What is needed
Say how many lines below contain the word "Vaciador". The number is the entire reply.

Records excerpted from a collection
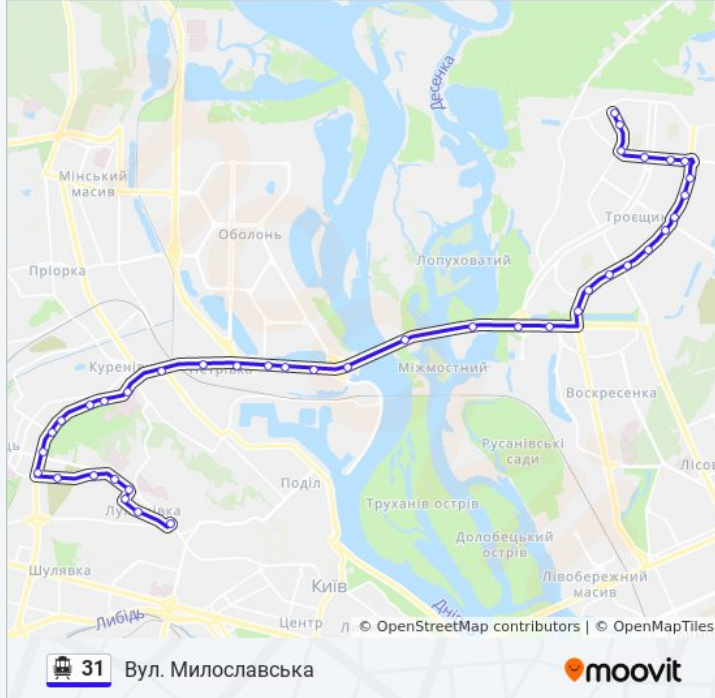

Станція Романа Шухевича

Ж/М Райдужний

Вул. Миколи Закревського

Мікрорайон №1

Вул. Архітектора Ніколаєва

Вул. Теодора Драйзера

Універсам

Поліклініка

Вул. Сержа Лифаря

Торговий Центр

Вул. Данькевича

Пр. Володимира Маяковського

Вул. Марини Цвєтаєвої

Супермаркет Нова Лінія

Вул. Лісківська

Вул. Будищанська

Вул. Милославська

### Напрямок: Вул. Милославська (3 Депо)

24 зупинок

[ПЕРЕГЛЯД РОЗКЛАДУ РУХУ НА ЛІНІЇ](#)

Ст. М. Почайна

Вул. Йорданська

Тов Віннер Автомотів (На Вимогу)

Супермаркет

Пр. Героїв Сталінграда
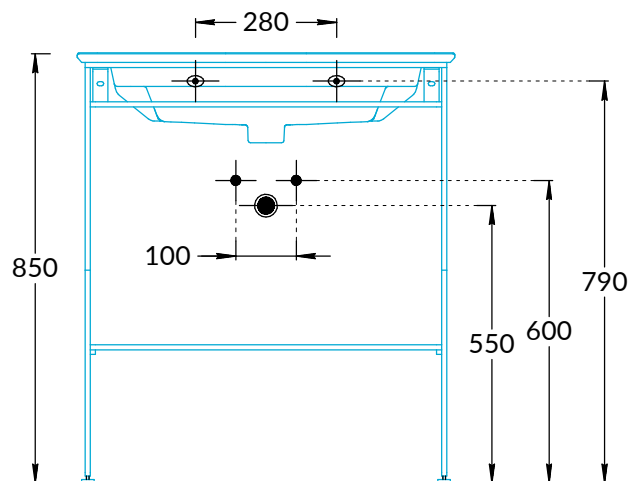

## Металлоструктура PIANO NEXT 65, 75, 85, 95 Инструкция по установке

Исключить соприкосновение глазурованной поверхности раковины с металлоструктурой, установив силиконовые демпферы на раковину.

Крепеж из комплекта предназначен только для бетона.

Потребуется дополнительный инвентарь для надежного монтажа изделия, который не входит в комплект поставки.

Для монтажа необходимо 2 человека.
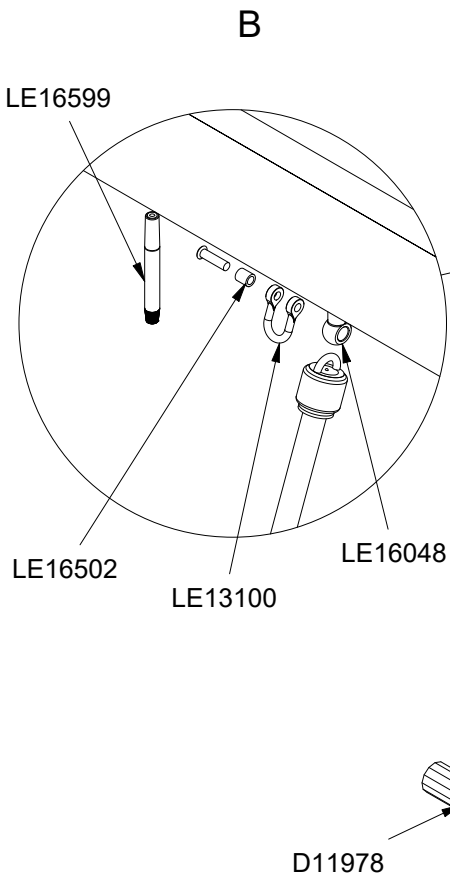

D11978

D11979

Ø14 LE99715

#52A

LE16022

LE16168

LE16056

Parts List		
QTY	PART NO	DESCRIP.
1	D11978	Taifun
1	D11979	Taifun
5	LE13100	Shackle
2	LE16022	M12x40 mm
5	LE16048	Eyebolt 10x120mm
2	LE16056	M12 cap nut
2	LE16168	M12 - Ø24 mm
3	LE16179	Ø5x30mm Ch
5	LE16502	Spacer 6mm
2	LE16599	Sealtite 970 1,5ml
1	LE22008	GH:1750-2000
1	LE99715	Ø14mm, l=200/130mm
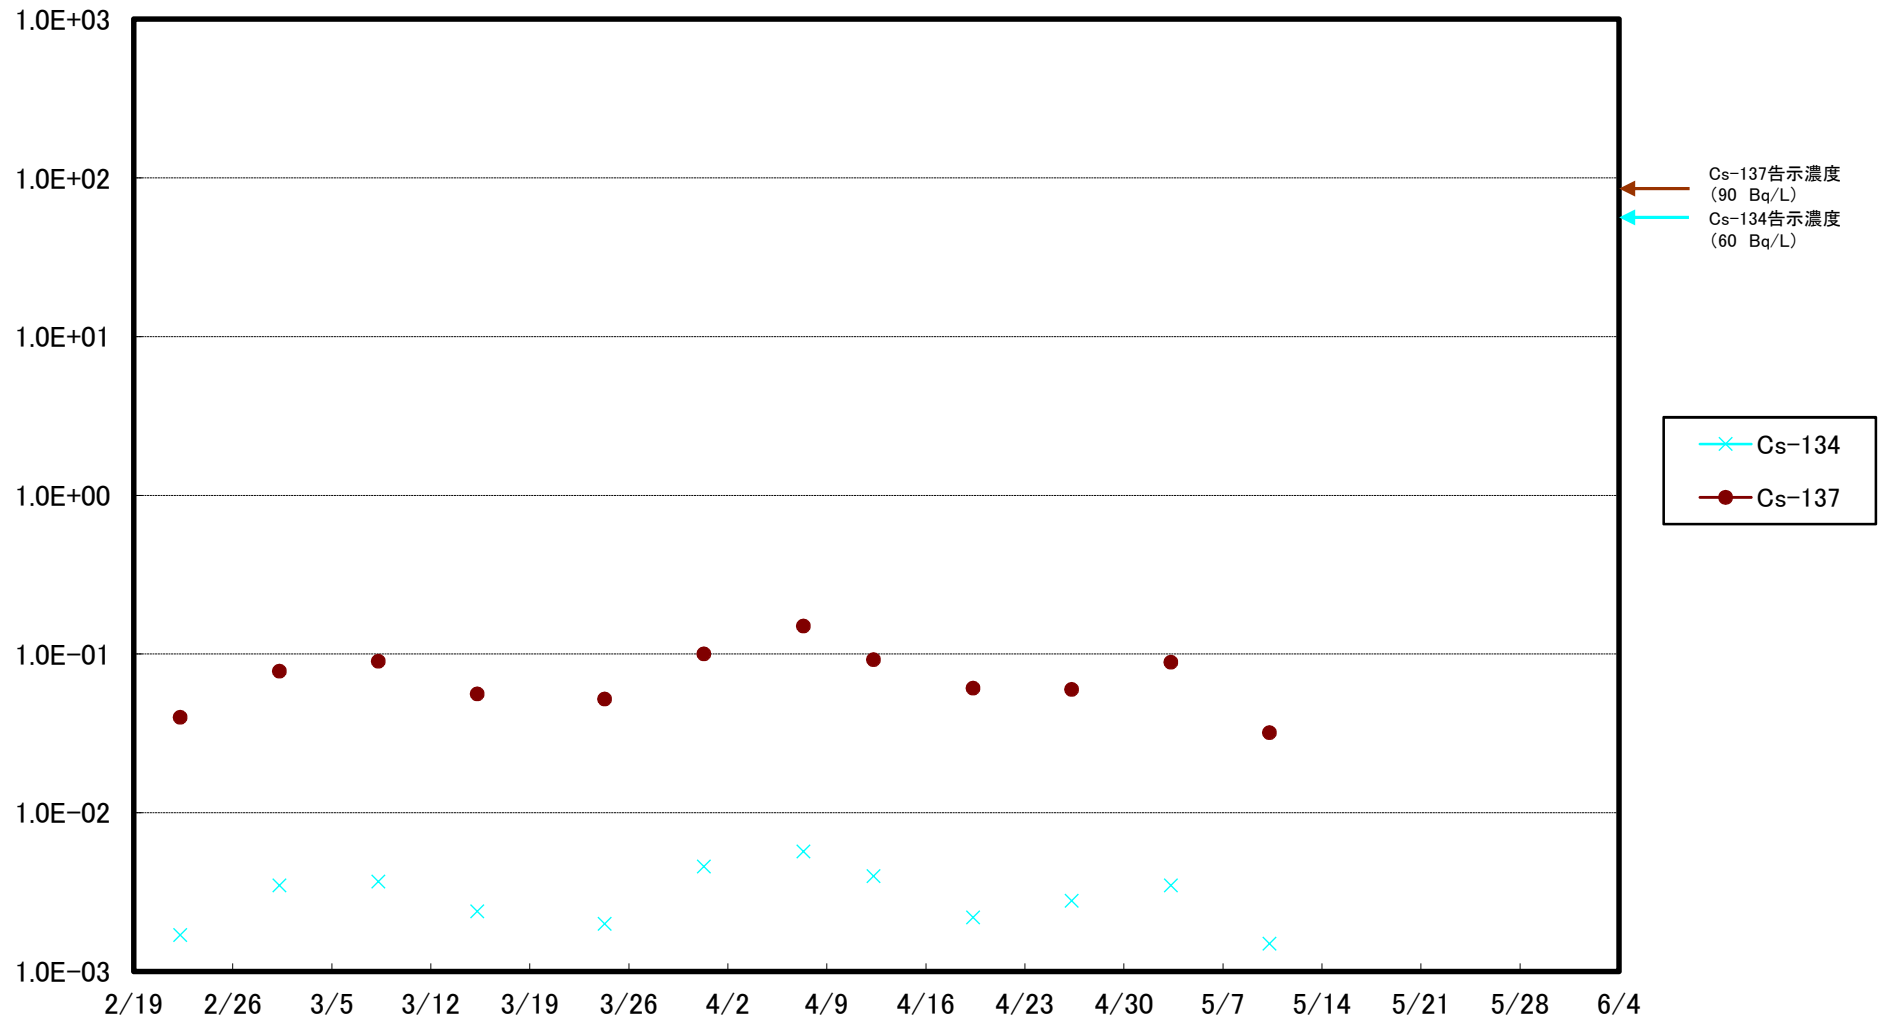

福島第一 5,6号機放水口北側(T-1) 海水放射能濃度(Bq/L)

福島第一 南放水口付近(T-2) 海水放射能濃度(Bq/L)

福島第一 物揚場前海水放射能濃度(Bq/L)

福島第一 1~4号機取水口内北側(東波除堤北側)海水放射能濃度(Bq/L)

福島第一 1~4号機取水口内南側(遮水壁前)海水放射能濃度(Bq/L)

福島第一 6号機取水口前海水放射能濃度(Bq/L)

福島第一 港湾口海水放射能濃度(Bq/L)
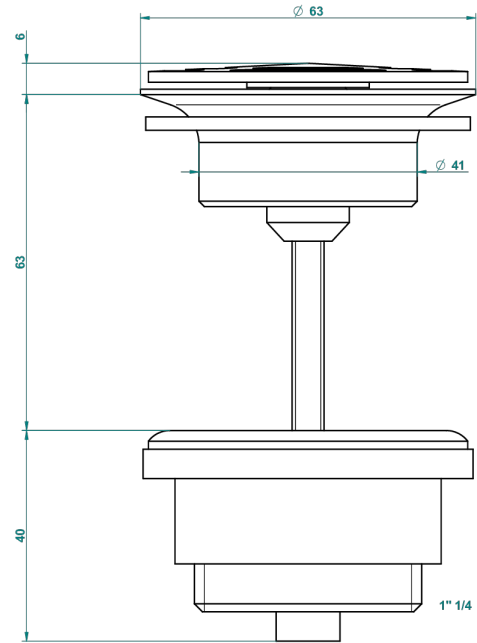

CHEVERNY JASPE ROJO

A1U-309/B

Vaciador de flujo libre con rejilla para el lavabo

THG[®]
PARIS

62824

08/03/2017

CARACTERÍSTICAS

- Cheverny Jasper Rojo
- Vaciador de flujo libre con rejilla para el lavabo
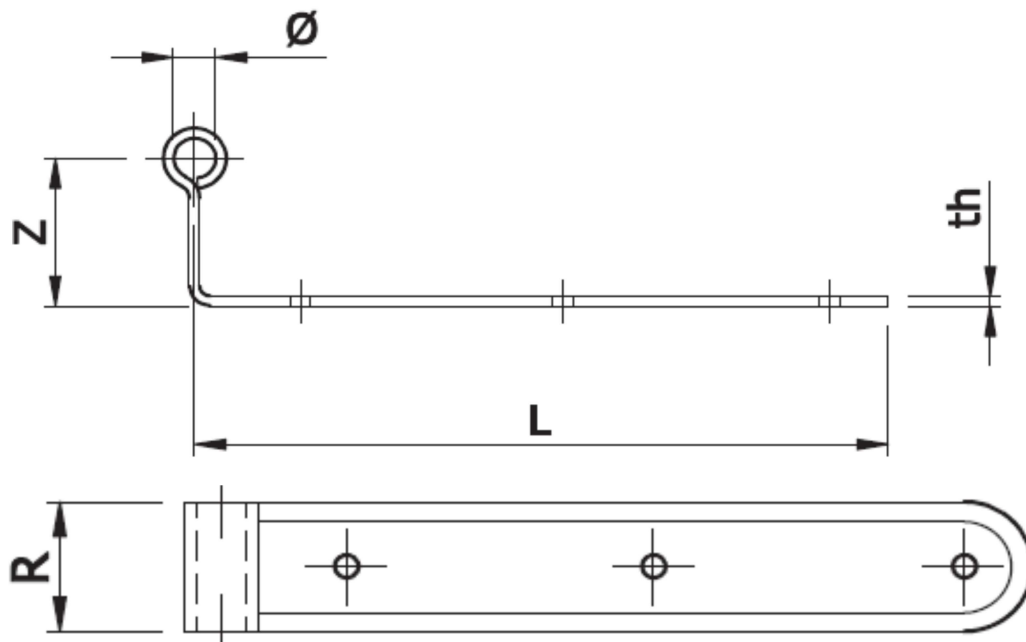

SCHEDA TECNICA

 **PARIDE**

fondata nel 1920

BANDELLA DRITTA ZANCA MEDIA D 12 8226 OMAD

Articolo	Ø	L	R	th	Z	N.fori
BANDELLE DRITTE Ø12 - Zanca corta, media, lunga						
_2260020M#	12	20,5	35	3	45	3
_2260025M#	12	25,5	35	3	45	4
_2260021M#	12	20,5	40	4	45	3
_2260026M#	12	26	40	4	45	4
_2260031M#	12	30,5	40	4	45	4
_2260035M#	12	36	40	4	45	4
_2260040M#	12	41	40	4	45	4
_2260045M#	12	46	40	4	45	5
_2260055M#	12	56	40	4	45	5

Answer for this exercise
2